Less than a year later, it was Arena in charge as the United States lost on home soil -- admittedly in what felt like a road environment -- in a crucial qualifier against Costa Rica on Matchday 7. And it was Arena in charge on that infamous night in Couva on Matchday 10, fielding the exact same XI that had played four days earlier in a qualifying victory.
In that 2-1 defeat to Trinidad and Tobago that killed off U.S. World Cup hopes, the overwhelming response was shock and dismay not just at the score, but at the apparent listless attitude of the American players on the pitch.
It was feedback eerily similar to Arena's assessment of the USMNT's recent Nations League performance last month.
"You ask me if we lacked pride, I'm watching and I'm shocked. I'm shocked that we can't beat Panama and Canada," Arena said of those games in Southern California. "It was shocking to me.
"I don't want to be disrespectful. I want them to do great in the World Cup, there's no question about it. But we only have a year left now. Time is running out, and they got to get going."
Arena's words carry credibility because he is still almost universally recognized as the best American coach of all time, as the all-time MLS wins leader and the man who guided the Americans to their best modern-era World Cup showing, a 2002 quarterfinal appearance.
Addtionally, that previous success allowed him mostly to escape culpability for the failure to reach Russia in 2018, given a consensus that most of the issues stemmed from residue left by previous manager Jurgen Klinsmann.
Arena's Korean luck
Conventiently, in the present Arena chooses to ignore that the same listlessness on display in Nations League under Pochettino had been seen previously under manager Gregg Berhalter at the 2024 Copa America. Of course, Berhalter was once one of Arena's USMNT players.
And if you look more closely at his USMNT legacy, you might argue he was merely the most fortunate coach in program history.
After a shock 3-2 win over Portugal and 1-1 draw against co-host South Korea, Arena's USMNT entered Matchday 3 requiring only a point against already-eliminated Poland to advance.

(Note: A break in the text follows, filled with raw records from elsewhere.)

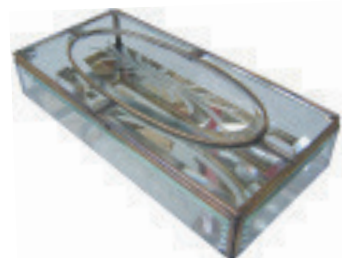

petit marche series
SUN CATCHER

XGL 3 SUN CATCHER
W8xH9
700 【LOT6】

XGL 2 SUN CATCHER
W8xH12
1,500 【LOT3】

XGL 1 SUN CATCHER
W10xH20
1,800 【LOT3】

XGL 6 JEWELRY BOX
W8xD5.5xH5
1,800 【LOT3】

XGL 5 JEWELRY BOX
W10xD7xH5.5
2,500 【LOT2】

XGL 4 JEWELRY BOX
W24xD12xH5.5
8,500

petit marche series
CANDY LAMP

XLA 46 CANDLE HOLDER
φ 9xH13
2,500 【LOT6】

XLA 80 CANDLE HOLDER
φ 14xH36
4,800 【LOT2】

XLA 113 LANTERN LAMP
W12xD12xH28
4,800

XLA 57 CANDY LAMP
φ 14xH23
4,500

XLA 78 GALSS LAMP
W17xD17xH31
7,500

XLA 79 GALSS LAMP
W25xD25xH34
9,500

stained glass series
TANGO

XSG 1 NETHERLANDS
W28xH33
7,500 (4 枚まで SS)

XSG 5 MOSAIC
W32xH53
13,000 (2 枚まで SS)

XSG 11 TANGO
W36xH58
15,000 (2 枚まで SS)
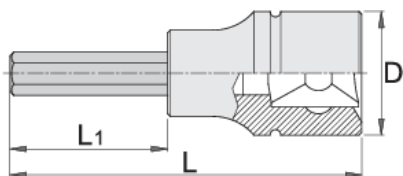

# Hlavica zástrčná IMBUS 3/8", dlhá

236/2HXL

## Product features

- materiál: hlavica z premium flex chróm vanádiovej ocele
- materiál: hrot z premium plus uhlíkovej ocele
- čeľuste sú kalené a tvrdené
- vyrobené v súlade s DIN 7422

Barcode	Hex Size	L	L1	D	Icon
612087	4	92	66	18	65
612088	5	92	66	18	65
612089	6	92	66	18	65
612090	8	92	66	18	65
612091	10	92	66	18	65

\* Obrázky sú symbolické. Všetky rozmery sú v mm, hmotnosť je v g. Všetky udané rozmery sa môžu líšiť v rámci tolerancie.
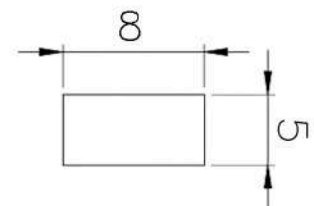

SHORE : 70

REFERÊNCIA : PE 1817-80

CÓDIGO : 1400813

MEDIDA : 8,00 x 5,00

COR : TRANSLÚCIDO

MATERIAL : SILICONE

SHORE : 70
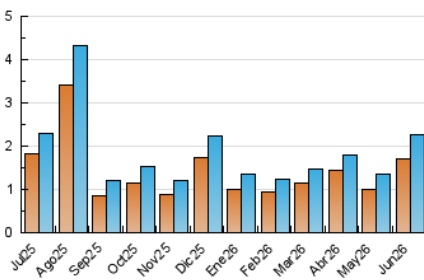

1. Cifras totales y promedios (Nacional)

MES - AÑO	NAVEGADORES UNICOS	VISITAS	PAGINAS
Junio - 2026	1.705	2.269	6.494
PROMEDIO DIARIO	67	76	216
PROMEDIO LUNES-VIERNES	68	78	231
PROMEDIO SABADO-DOMINGO	64	71	177
PAGINAS / VISITAS	2,85		
DURACION MEDIA VISITAS	0:16:21		
TIEMPO INTERACCIÓN MEDIO	0:00:53		

2. Secciones (Nacional)

	PAGINAS	%
HOME	1.288	19.83 %
RESTO	5.206	80.17 %

3. Por día del mes (Nacional)

Día	N. únicos	Visitas	Páginas	Día	N. únicos	Visitas	Páginas	Día	N. únicos	Visitas	Páginas
1	56	66	223	11	34	42	114	21	74	78	165
2	42	49	146	12	53	58	161	22	99	111	228
3	54	57	185	13	47	48	101	23	199	231	348
4	66	73	267	14	43	48	125	24	115	129	301
5	79	87	283	15	52	57	181	25	61	67	425
6	96	112	215	16	47	52	138	26	57	77	402
7	55	64	176	17	84	93	214	27	64	80	245
8	64	77	239	18	61	69	189	28	63	70	222
9	55	65	155	19	77	86	272	29	44	47	229
10	56	65	164	20	66	68	168	30	49	54	213

4. Gráficas (Nacional)

4.1 Por día de la semana (promedio)

N. únicos / Visitas (x 100)

Páginas (x 100)

4.2 Por franja horaria (promedio)

Visitas_ (x 1000)

Páginas (x 1000)

4.3 Por meses

N. únicos / Visitas (x 1000)

Páginas (x 1000)

5. Observaciones

Este Medio Electrónico de Comunicación ha sido medido por la herramienta Google Analytics de Google (GA4).

6. Definiciones básicas (Para más información ver Normas Técnicas para el Control de los Medios Electrónicos de Comunicación)

Instead, the Americans trailed 2-0 by the fifth minute en route to a 3-1 loss. That opened the door a mile wide for Portugal and South Korea to settle for a bland draw in the other group match that would see both advance.
But Portugal one-upped the USMNT's penchant for self-destruction by getting two men sent off, emboldening South Korea to find a 70th-minute winner through Park Ji-Sung in a 1-0 win that gave the U.S. a backdoor into a round-of-16 clash against Mexico. And the rest is history.
Showing his own doubts
Arena has famously advocated for American players and coaches before, once telling the late Grant Wahl that he didn't agree that the top American players needed to head to Europe to reach their peak. As much as anyone, Arena should know how thin the margins between success and failure are at the international level.
Perhaps deep down he also knows he enjoyed a considerable bit of good fortune to reach his lofty status in the American soccer hierarchy, and is insecure about seeing it challenged.
It's already happening on the club level, where the exploits of Wilfried Nancy with Columbus are causing some to wonder if he will eventually be considered the best MLS head coach of all time. And across MLS, the value of having an American coach is becoming increasingly questionable. Since 2018, four foreign managers have won MLS Cup against three American coaches.
Now the national team has among the most respected managers in the world game at the helm, who is experiencing his first ugly moment in the aftermath of the Concacaf Nations League. And that's exactly when Arena has chosen to pour gasoline on the fire of a program he supposedly cares about.